Exercise goal
The listing below should be printed again word for word, without any images.

Data extract
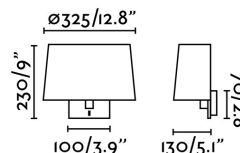

### Características técnicas

<b>Bombilla:</b>	1 x E27 20W
<b>Incluye Bombilla:</b>	No
<b>Transformador:</b>	
<b>Incluye Transformador:</b>	No
<b>Voltaje:</b>	100-240V
<b>Frecuencia de funcionamiento:</b>	50/60Hz
<b>IP:</b>	20
<b>Clase:</b>	I
<b>Material:</b>	Metal y textil
<b>Diseñador:</b>	ESTUDI RIBAUDÍ
<b>Bombilla Recomendada:</b>	17463
<b>Descripción Bombilla Recomendada:</b>	BOMBILLA ESTÁNDAR MATE LED E27 7W 2700K 800Lm
<b>Largo:</b>	325 mm
<b>Ancho:</b>	130 mm
<b>Alto:</b>	230 mm
<b>Peso:</b>	1.00 kg
<b>Volumen:</b>	0.01964 m3

Solution for this problem
### Características técnicas

<b>Bombilla:</b>	1 x E27 20W
<b>Incluye Bombilla:</b>	No
<b>Transformador:</b>	
<b>Incluye Transformador:</b>	No
<b>Voltaje:</b>	100-240V
<b>Frecuencia de funcionamiento:</b>	50/60Hz
<b>IP:</b>	20
<b>Clase:</b>	I
<b>Material:</b>	Metal y textil
<b>Diseñador:</b>	ESTUDI RIBAUDÍ
<b>Bombilla Recomendada:</b>	17463
<b>Descripción Bombilla Recomendada:</b>	BOMBILLA ESTÁNDAR MATE LED E27 7W 2700K 800Lm
<b>Largo:</b>	325 mm
<b>Ancho:</b>	130 mm
<b>Alto:</b>	230 mm
<b>Peso:</b>	1.00 kg
<b>Volumen:</b>	0.01964 m3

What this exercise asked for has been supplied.